The one with read ahead still has more logical reads. So, why?

Best Answer

The query plan for the ORDER BY l_partkey example almost certainly reads the nonclustered index in order (with read-ahead), followed by a Key Lookup to retrieve the uncovered columns.

The Nested Loops Join operator above the Lookup probably uses additional prefetching (WithOrderedPrefetch) for the Lookup. See the following article I wrote for full details:

Nested Loops Prefetching

Also, as I mentioned in answer to the linked Q & A, the number of read-ahead reads depends on timing and storage subsystem characteristics. The same sort of considerations apply to Lookup prefetching at the Nested Loops Join.

Note that SQL Server issues read-ahead for pages that might be needed by the index scan, but this is not limited by the TOP specification in the query. The TOP is a query processor element, whereas the read ahead is controlled by the Storage Engine.

The activities are quite separate: read-ahead (and prefetching) issue asynchronous I/O for pages that may be needed by the Scan (or Lookup).

Depending on the order in which I/Os actually complete and make rows available to the query processor (among other things), the number of pages actually touched (logical reads) or physically read may vary.

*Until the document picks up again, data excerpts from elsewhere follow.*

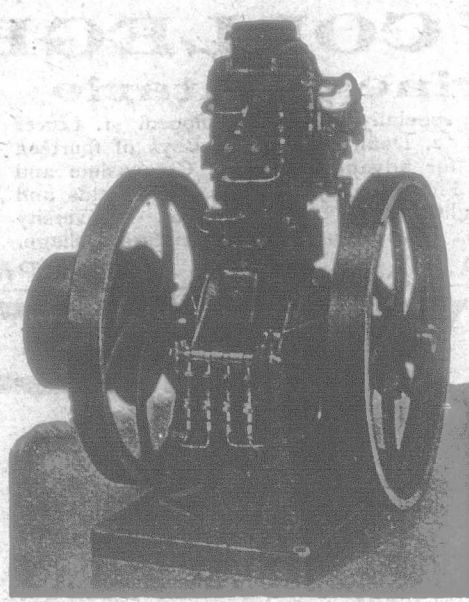

BROWNS

WRITE FOR CATALOGUE WRITE FOR AGENCY

BROWNS NURSERIES,
WELLAND COUNTY, ONT.

The Farmers' Power Plant

BOLINDERS SEMI-DIESEL CRUDE OIL ENGINE

This handy little tool will save you hundreds of dollars. Not alone in replacing labour but in upkeep and running cost as compared with Gasoline engines. A 12 H.-P. Gasoline Engine costs you 30 cents to operate per hour. Our Crude Oil Engine only costs 6 cents per hour. Our engines are designed and built to stand hard work. They will outlive three or four gasoline engines. There is absolutely no risk from fire or explosion as it uses non-inflammable crude oil.

Note in particular that Lookup delayed prefetch also contributes to the logical reads when it checks to see if a page needed for the Lookup is already in memory or not.

So, it all comes down to the detailed timing of overlapping operations: The query processor will start to shut the query execution pipeline down as soon as the required number of rows (100) has been seen at the Top iterator. Quite how many asynchronous I/Os (read-ahead or prefetch) will have been issued or completed at that point is essentially non-deterministic.

You can disable Nested Loops Join prefetching with trace flag 8744 to explore this further. This will remove the WithOrderedPrefetch property from the Nested Loops Join. I usually use OPTION (QUERYTRACEON 8744) on the query itself. In any case, you need to be sure you're not reusing a cached plan that has the prefetch. Clear the plan cache each time or force a query recompilation with OPTION (RECOMPILE).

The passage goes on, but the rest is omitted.